Abstract

Accurate diagnosis of pancreatic head lesions remains challenging as no minimally invasive biomarkers are available to discriminate distal cholangiocarcinoma (CCA) from pancreatic ductal adenocarcinoma (PDAC). The aim of this study is to identify specific circulating microRNAs (miRNAs) to diagnose distal CCA. In the discovery phase, PCR profiling of 752 miRNAs was performed on fourteen patients with distal CCA and age- and sex-matched healthy controls. Candidate miRNAs were selected for evaluation and validation by RT-qPCR in an independent cohort of distal CCA (N = 24), healthy controls (N = 32), benign diseases (N = 20), and PDAC (N = 24). The optimal diagnostic combination of miRNAs was determined by multivariate logistic regression analysis and evaluated by ROC curves with AUC values.
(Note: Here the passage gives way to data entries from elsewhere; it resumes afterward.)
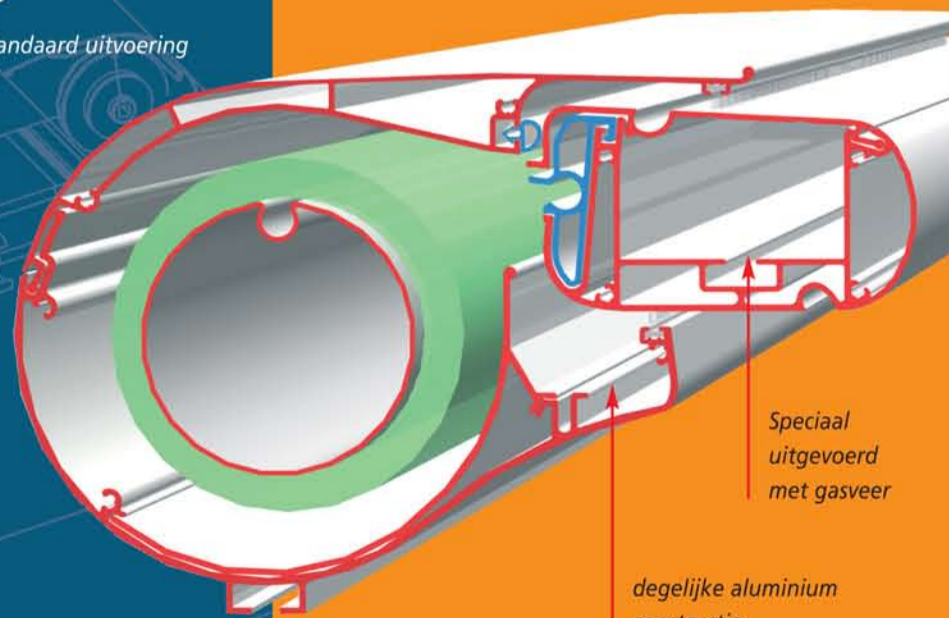

SUN fashion
TEND-ZONWERING

De Lambada zet iedereen in de schaduw

Traploos te verstellen uitvoering

Standaard uitvoering

Lambda Grande

Speciaal uitgevoerd met gasveer

degelijke aluminium constructie

Lambda standaard
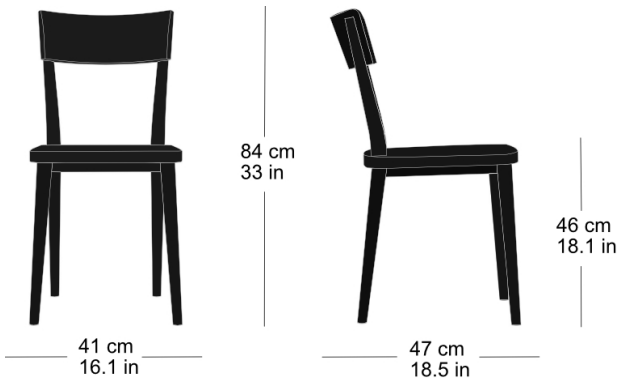

honett 9-700

Blocher Partners, 2022

Sitz massiv 3cm, Hinterfüsse und Rücken massiv
gebogen, Füsse gedrechselt

B 41, T 47, H 84, SH 46

Blocher Partners, 2022

Assise massif 3cm, dossier et pieds arrière en bois massif
cintré, pieds tournés

L 41, P 47, H 84, Hass 46

Blocher Partners, 2022

Seat solid 3cm, rear legs and back solid bentwood,
turned legs

W 41, D 47, H 84, SH 46

Varianten / variantes / variants

honett
16-700honett
11-700

Technische Angaben / specifications / specifications

Masse / mesure / measure

Gewicht / ponds / weight

6 kg 12.0 lb

honett 9-700

Holzarten / types de bois / types of wood

Belag / revêtement / surface

Beech natural BN 000 AM
Buche natur BN 000 AM
Hêtre naturel BN 000 AM
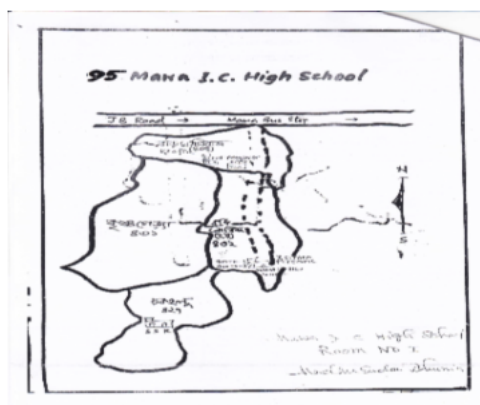

Key MAP View
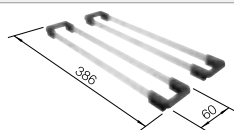

Dve ETAGON nerezové koľajničky

Súprava odtoku a prepadu, čierna matná, pre jednozrezy
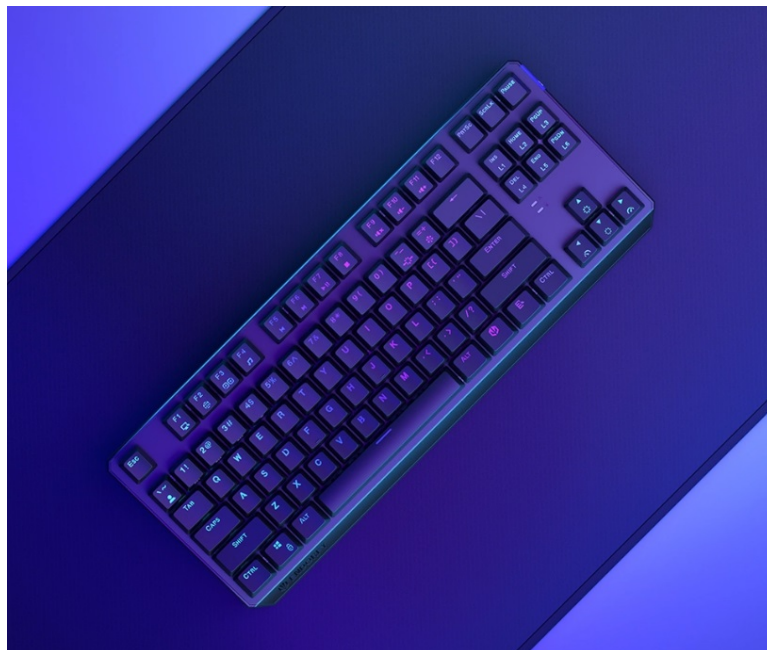

24 měs.

Stav:

Nové zboží

Popis**Endorfy Thock TKL Wireless Red - herní klávesnice, která vám dá volnost**

Herní bezdrátová klávesnice Endorfy Thock TKL Wireless Red, se kterou absolvujete virtuální bitvy bez omezujícího kabelu. Navíc díky **kompaktním rozměrům** šetří místo na stole, takže máte prostor pro další gamingové příslušenství nebo občerstvení. Uplatní se nejen ve hrách, ale také pracovní a kreativní činnosti. Veškeré výzvy zvládne bezdrátově od pracovního stolu i třeba z pohodlí gauče. **Klávesnice Endorfy Thock TKL Wireless Red** svou dominanci potrhuje přítomnostní **mechanických spínačů Kailh Red**, které se vyznačují enormní **životností až 70 milionů kliknutí** a **ultrarychlými reakcemi**.

Jsou ideální do situací, kde musíte bleskově reagovat, útočit, zasadit finální úder nebo dělat nejrůznější comba. Gamingová klávesnice Endorfy Thock TKL Wireless Red nabízí **3 způsoby připojení**. Kromě tradičního **kabelu** disponuje také technologií **Bluetooth** nebo **2,4GHz rozhraním** pro bezdrátovou konektivitu. Díky **robustní konstrukci** se nemusíte bát nechtěného poškrábání nebo poškození při přenášení a můžete hrát naplno a s maximální agresivitou. Stabilní pozici zajistí praktické **vyklápěcí nožky**. Samozřejmostí je podpora stylového **barevného ARGB podsvícení**.

Endorfy Thock TKL Wireless Red

Bezdrátová **mechanická** herní klávesnice je vybavena spínači **Kailh Red** s perfektní odezvou a životností **až 70 milionů** stisků. Klávesy jsou **ARGB podsvícené** a nabízí možnost vlastního nastavení. Klávesy jsou navíc také **plně programovatelné**, díky tomu lze klávesnici individualizovat přesně podle potřeb hráče a hrané hry. Samozřejmě nechybí ani funkce **Anti-Ghosting** a N-Key rollover. Připojení k počítači lze realizovat jak bezdrátově skrze **Bluetooth** či miniaturní USB přijímač a technologii **2,4 GHz**, tak i drátově pomocí **USB** kabelu, který slouží zároveň pro nabíjení.
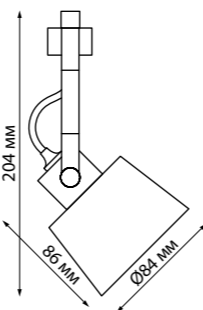

370421
черный

370421 IP 20
 370423 Светильник однофазный трековый
 370425 Длина провода 1 м
 Металл
 E27 50 Вт 220 В

370423
черный

370425
черный

370545

370546, 370547

370548

370551
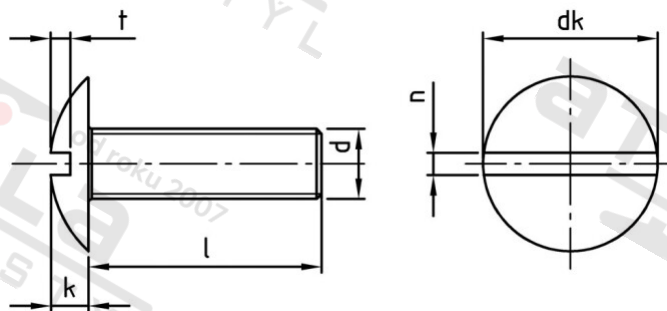

NF E 27-128 A2 M 6X40 Šrouby vratové s velkou plochou půlk hl a drážkou

Číslo položky:	2712826 40	EAN/GTIN:	4043377210401
Materiál:	A2	Čistá hmotnost na 100:	0.966 kg
		Množství v balení (VPE):	200 St.

Technické údaje

Pevnost v tahu (Rm):	500 N/mm ²
Průměr (d):	6 mm
Celková délka (l):	40 mm
Typ závitu:	metrický
tvár hlavy:	Risso
Průměr hlavy (dk):	15 mm
Výška hlavy (k):	3,3 mm
Šířka drážky (n):	1,9 mm
Hloubka drážky (t):	1,2 mm
Tvar pohonu (pohon):	Drážka
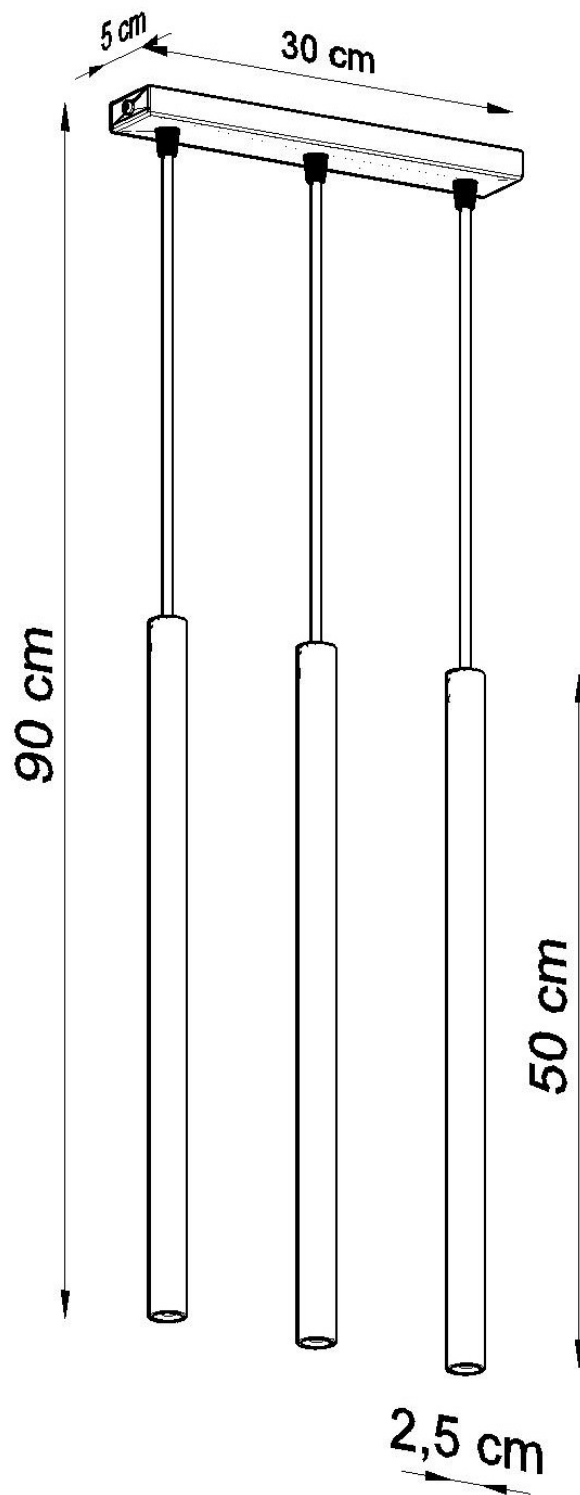

Ficha técnica

Lámpara de techo PASTELO 3 blanca, G9

LEDBOX®
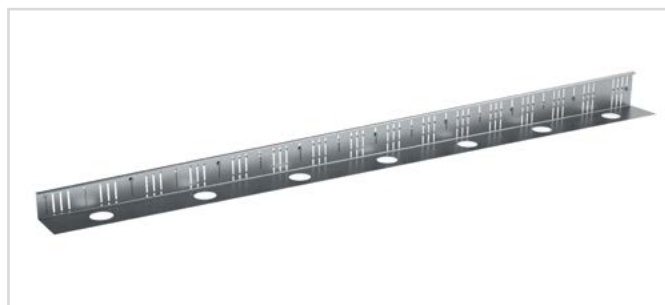

Kiesfangleiste GRAVO

Und der Kies bleibt wo er ist.

Die Metallwelt-Kiesfangleiste GRAVO ist ein stabiles, einteiliges Profil aus hochwertigem Aluminium zur sicheren Einfassung von Balkonen, Terrassen und Gründächern. Durch die Langlöcher im Profil wird das Niederschlagswasser kontrolliert abgeführt und die Kiesschüttung samt Balkon- und Terrassenbelag sicher gehalten. Zusätzlich ermöglichen die Löcher im Auflegeschenkel ein sicheres Einschweißen der Dachbahn.

Die Kiesfangleiste GRAVO liefern wir standardmäßig in den Höhen 60, 80 und 100 mm. Gerne fertigen wir für Sie auch Spezialprofile nach Ihren Angaben.

Kiesfangleiste GRAVO 60

Technische Informationen

Material:	Aluminium AlMg 1
Materialstärken:	1,5 mm und 2,0 mm
Lieferlänge:	3.000 mm
Profilhöhen:	60 mm, 80 mm, 100 mm (andere Maße auf Anfrage)
Auflageschenkel:	90 mm (gelocht)
Zubehör:	Außen- und Innenecken (90°), 250 x 250 mm, Verbinder
Lochung:	Langloch 30 x 4 mm
Lochabstand:	30 mm
Oberfläche:	Aluminium natur oder einbrennlackiert nach RAL
Verpackungseinheit:	10 Stück (30 m)

Bestellinformationen

Name:	Artikelnummer:	Material:	Maße:	Höhe:
Kiesfangleiste GRAVO (L-Form)	KHA601010060	Aluminium	1,5 mm	60 mm
Kiesfangleiste GRAVO (L-Form)	KHA601010080	Aluminium	1,5 mm	80 mm
Kiesfangleiste GRAVO (L-Form)	KHA701010100	Aluminium	2,0 mm	100 mm

Kiesfangleiste ALTURA

Kiesfangleiste ALTURA

Anwendungsbeispiel Gefälle

Variable GefälleEinstellung

Die Metallwelt Kiesfangleiste ALTURA ist ein höhenverstellbares System aus hochwertigem Aluminium zur sicheren Einfassung von Balkonen, Terrassen und Gründächern. Durch die Langlöcher im Profil wird das Niederschlagswasser kontrolliert abgeführt und die Kiesschüttung samt Balkon- und Terrassenbelag sicher gehalten. Die Löcher im Auflegeschenkel ermöglichen ein sicheres Einschweißen der Dachbahn. Das System besteht aus zwei Profilen, die sich ineinanderschieben lassen. Somit kann die Höhe zwischen 70 und 120 mm variiert werden und sogar ein Gefälle justiert werden.

The discovery phase revealed 19 significantly dysregulated miRNAs, of which six were validated in the evaluation phase. The validation phase confirmed downregulated miR-16 in patients with distal CCA compared to benign disease or PDAC (P = 0.048 and P = 0.012), while miR-877 was significantly upregulated (P = 0.003 and P = 0.006). This two-miRNA panel was validated as a CCA-specific profile, discriminating distal CCA from benign disease (AUC = 0.90) and from PDAC (AUC = 0.88). In conclusion, the present study identified a two-miRNA panel of downregulated miR-16 and upregulated miR-877 with promising capability to diagnose patients with distal CCA.

Highlights

  • Adenocarcinomas located in the pancreatic head can be classified as either distal cholangiocarcinoma (CCA) or pancreatic ductal adenocarcinoma (PDAC) [1]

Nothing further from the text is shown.